Тем не менее одни из своих книг он предпочитал другим, и «Аббат», появившийся через полгода после «Монастыря» и привлекший внимание любителей местных достопримечательностей к замку Лох-Ливен, ему нравился. Этот роман выдвинулся в число лучших творений Скотта благодаря одному качеству, которого лишены большинство других его лучших книг, — великолепно обрисованным характерам героя и героини. Все главные герои Скотта немного напоминают их создателя: предусмотрительность и идеализм совмещены в них примерно в той же пропорции, как и в самом Скотте, и чаще всего именно это сковывает развитие характера.
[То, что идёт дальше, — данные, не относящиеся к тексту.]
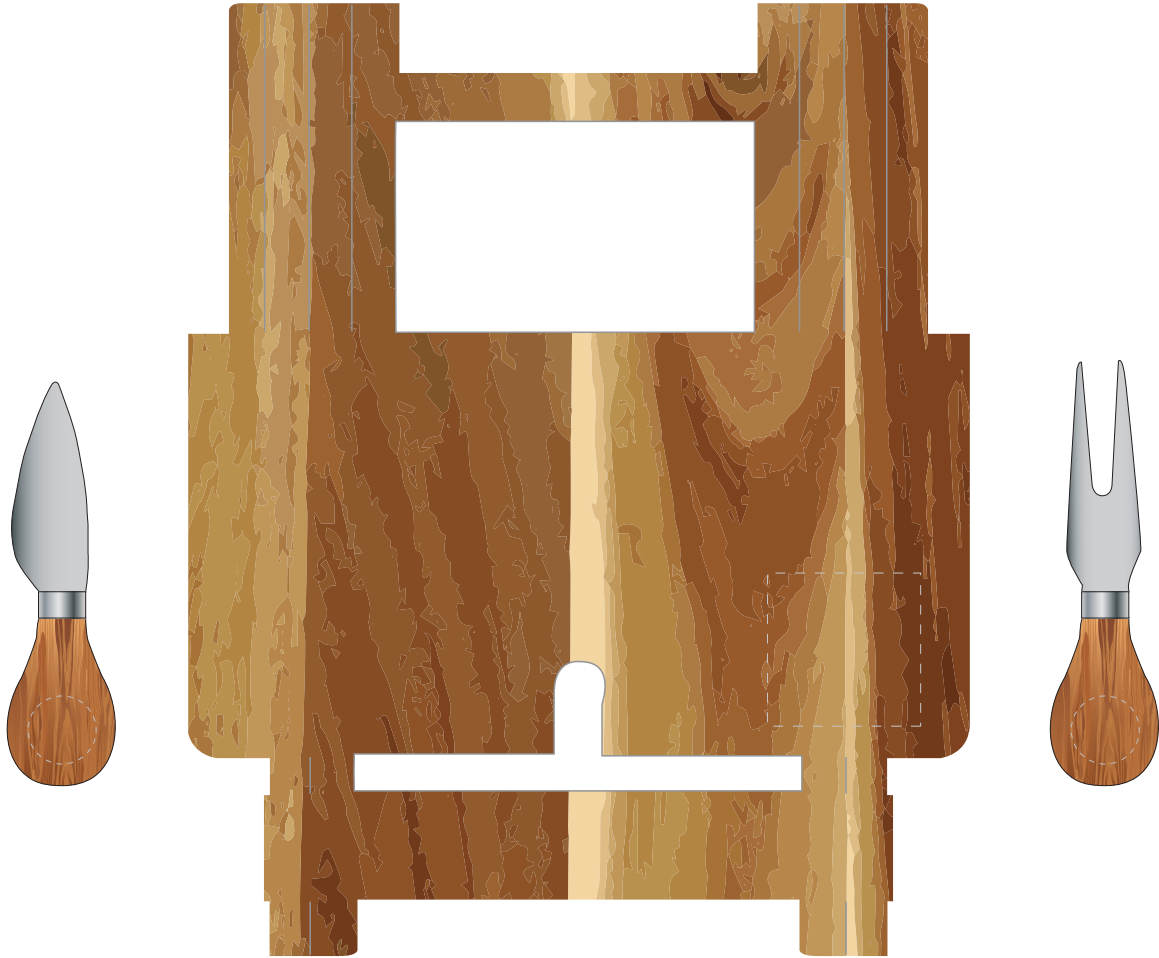

JOB NO. XXXXXX

D390 - Glenrothes Foldable Cheese & Wine Board

Product Colour/s (Please specify product colour/s here)	Product Size Standing: 230mm H x 250mm W x 220mm L Folded: 230mm W x 280mm L Box: 305mm x 335mm x 55mm D	Actual Print Size (Please specify actual print size here)
Print colour/s (Please specify print colour/s here)	Print Method ☐ Laser Engrave: 45mm W x 45mm H ☐ Screen on Board: 200mm W x 160mm H (Black Food Safe Ink Only) ☐ Laser Engrave Knife: 20mm Diam.	Page 1 of 2

QTY

ARTWORK (45% approx.)

NEW/REPEAT ORDER/REDO/BACK ORDER

Additional Notes/Art Instructions:

*Special art instructions that needs to be noted shall be placed here. If none, this note must be removed.

Disclaimer:

Colour proofs are to be used as a guide only.
Line drawing is for approximate print positional guide only.
Please familiarise yourself with the product prior to approving.
It is not intended to be an exact scale or detailed representation.
Small details or text, including ®©™, may fill in and not be legible.
Dotted lines will not be printed and are for maximum print guide only.
The fine lines and details in your logo may not be able to be produced clearly.

Однако в «Аббате» Роланд Грейм справляется с указанной пропорцией убедительнее других, а Кэтрин Ситон не только самая естественная из его героинь, но и самая яркая и привлекательная героиня во всей романтической прозе. Сюжет романа хорош, персонажи — живые люди, хотя ни один из них не входит в число лучших характеров Скотта, да и Мария, королева Шотландская, какой ее показал здесь автор, внушает сочувствие. Нарисовать же ее портрет Скотту было отнюдь не просто из-за двойственного отношения к оригиналу. Через восемь лет после опубликования «Аббата» Скотт писал: «Никак не придумаю, чью биографию мне было бы легко написать, не считая королевы Марии, но как раз о ней-то я ни в косм случае не буду писать, потому что мое мнение здесь решительно расходится с общепринятыми чувствами, да и моими собственными тоже».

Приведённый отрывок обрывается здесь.